DATASET EXCERPTS:
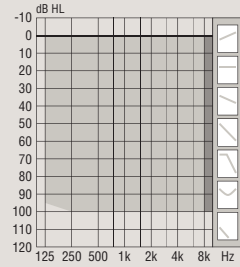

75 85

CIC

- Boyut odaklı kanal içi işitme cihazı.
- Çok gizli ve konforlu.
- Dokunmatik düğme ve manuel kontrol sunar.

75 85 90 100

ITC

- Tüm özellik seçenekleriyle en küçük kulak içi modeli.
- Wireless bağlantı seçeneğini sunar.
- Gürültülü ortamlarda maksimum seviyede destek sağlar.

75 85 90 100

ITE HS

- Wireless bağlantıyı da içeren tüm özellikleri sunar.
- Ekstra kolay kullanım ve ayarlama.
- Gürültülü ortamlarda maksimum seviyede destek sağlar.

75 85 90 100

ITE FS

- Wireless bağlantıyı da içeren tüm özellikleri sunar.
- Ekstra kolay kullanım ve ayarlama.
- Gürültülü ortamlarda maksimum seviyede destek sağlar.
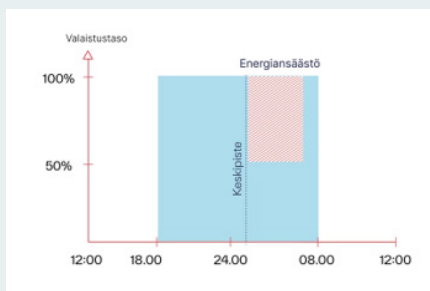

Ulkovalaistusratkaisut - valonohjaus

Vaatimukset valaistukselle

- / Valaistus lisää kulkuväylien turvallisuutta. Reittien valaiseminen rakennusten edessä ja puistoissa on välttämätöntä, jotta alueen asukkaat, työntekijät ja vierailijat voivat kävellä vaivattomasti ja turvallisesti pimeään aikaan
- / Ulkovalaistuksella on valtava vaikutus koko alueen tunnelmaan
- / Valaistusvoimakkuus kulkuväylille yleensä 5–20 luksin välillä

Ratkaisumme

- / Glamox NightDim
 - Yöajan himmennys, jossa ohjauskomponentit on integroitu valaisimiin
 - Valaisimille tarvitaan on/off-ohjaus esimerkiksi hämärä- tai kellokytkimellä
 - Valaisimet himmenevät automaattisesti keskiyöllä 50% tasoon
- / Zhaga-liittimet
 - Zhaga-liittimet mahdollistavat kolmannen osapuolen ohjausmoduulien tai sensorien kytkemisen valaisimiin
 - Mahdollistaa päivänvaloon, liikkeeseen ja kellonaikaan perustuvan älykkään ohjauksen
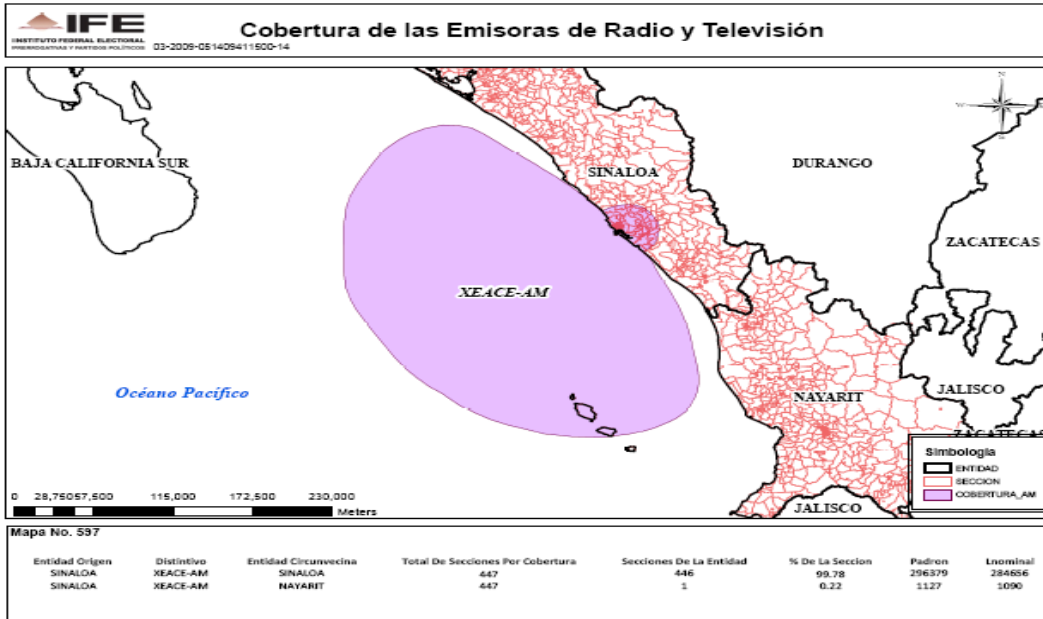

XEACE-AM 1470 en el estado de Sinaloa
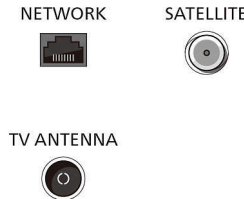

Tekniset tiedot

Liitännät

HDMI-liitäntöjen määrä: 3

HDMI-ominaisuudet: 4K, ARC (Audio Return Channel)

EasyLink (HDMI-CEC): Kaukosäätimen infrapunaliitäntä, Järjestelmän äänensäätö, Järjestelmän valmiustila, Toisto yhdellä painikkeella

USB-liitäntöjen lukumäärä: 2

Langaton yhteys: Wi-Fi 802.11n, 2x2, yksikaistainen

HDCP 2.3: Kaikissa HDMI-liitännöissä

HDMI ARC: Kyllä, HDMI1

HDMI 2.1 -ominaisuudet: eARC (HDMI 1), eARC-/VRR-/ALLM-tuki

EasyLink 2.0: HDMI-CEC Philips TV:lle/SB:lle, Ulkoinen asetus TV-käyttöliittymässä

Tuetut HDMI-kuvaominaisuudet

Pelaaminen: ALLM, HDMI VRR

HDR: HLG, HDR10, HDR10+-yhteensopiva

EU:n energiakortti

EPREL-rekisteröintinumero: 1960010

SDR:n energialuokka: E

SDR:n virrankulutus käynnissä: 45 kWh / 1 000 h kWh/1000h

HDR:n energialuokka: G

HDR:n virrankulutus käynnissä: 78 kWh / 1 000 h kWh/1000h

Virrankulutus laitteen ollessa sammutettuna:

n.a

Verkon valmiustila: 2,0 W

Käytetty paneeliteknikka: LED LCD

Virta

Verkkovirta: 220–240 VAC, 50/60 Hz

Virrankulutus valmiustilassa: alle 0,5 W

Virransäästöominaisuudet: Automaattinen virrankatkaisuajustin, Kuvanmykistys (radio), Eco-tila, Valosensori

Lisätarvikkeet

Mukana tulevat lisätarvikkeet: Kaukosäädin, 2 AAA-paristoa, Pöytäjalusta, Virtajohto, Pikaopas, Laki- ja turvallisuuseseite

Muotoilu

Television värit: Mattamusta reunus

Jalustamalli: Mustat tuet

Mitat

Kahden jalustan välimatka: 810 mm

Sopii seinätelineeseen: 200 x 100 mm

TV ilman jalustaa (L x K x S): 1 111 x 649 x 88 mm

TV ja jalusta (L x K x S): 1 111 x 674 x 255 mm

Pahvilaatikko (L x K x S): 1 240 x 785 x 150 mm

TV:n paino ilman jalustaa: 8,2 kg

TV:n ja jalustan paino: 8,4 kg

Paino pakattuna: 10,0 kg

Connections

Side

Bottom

TO DO:
When you transcribe the entries above, begin at their first line, end with the line containing "- / Ulkovalaistuksella", and copy each line exactly without any picture.

SOLUTION:
75 85

CIC

- Boyut odaklı kanal içi işitme cihazı.
- Çok gizli ve konforlu.
- Dokunmatik düğme ve manuel kontrol sunar.

75 85 90 100

ITC

- Tüm özellik seçenekleriyle en küçük kulak içi modeli.
- Wireless bağlantı seçeneğini sunar.
- Gürültülü ortamlarda maksimum seviyede destek sağlar.

75 85 90 100

ITE HS

- Wireless bağlantıyı da içeren tüm özellikleri sunar.
- Ekstra kolay kullanım ve ayarlama.
- Gürültülü ortamlarda maksimum seviyede destek sağlar.

75 85 90 100

ITE FS

- Wireless bağlantıyı da içeren tüm özellikleri sunar.
- Ekstra kolay kullanım ve ayarlama.
- Gürültülü ortamlarda maksimum seviyede destek sağlar.

Ulkovalaistusratkaisut - valonohjaus

Vaatimukset valaistukselle

- / Valaistus lisää kulkuväylien turvallisuutta. Reittien valaiseminen rakennusten edessä ja puistoissa on välttämätöntä, jotta alueen asukkaat, työntekijät ja vierailijat voivat kävellä vaivattomasti ja turvallisesti pimeään aikaan
- / Ulkovalaistuksella on valtava vaikutus koko alueen tunnelmaan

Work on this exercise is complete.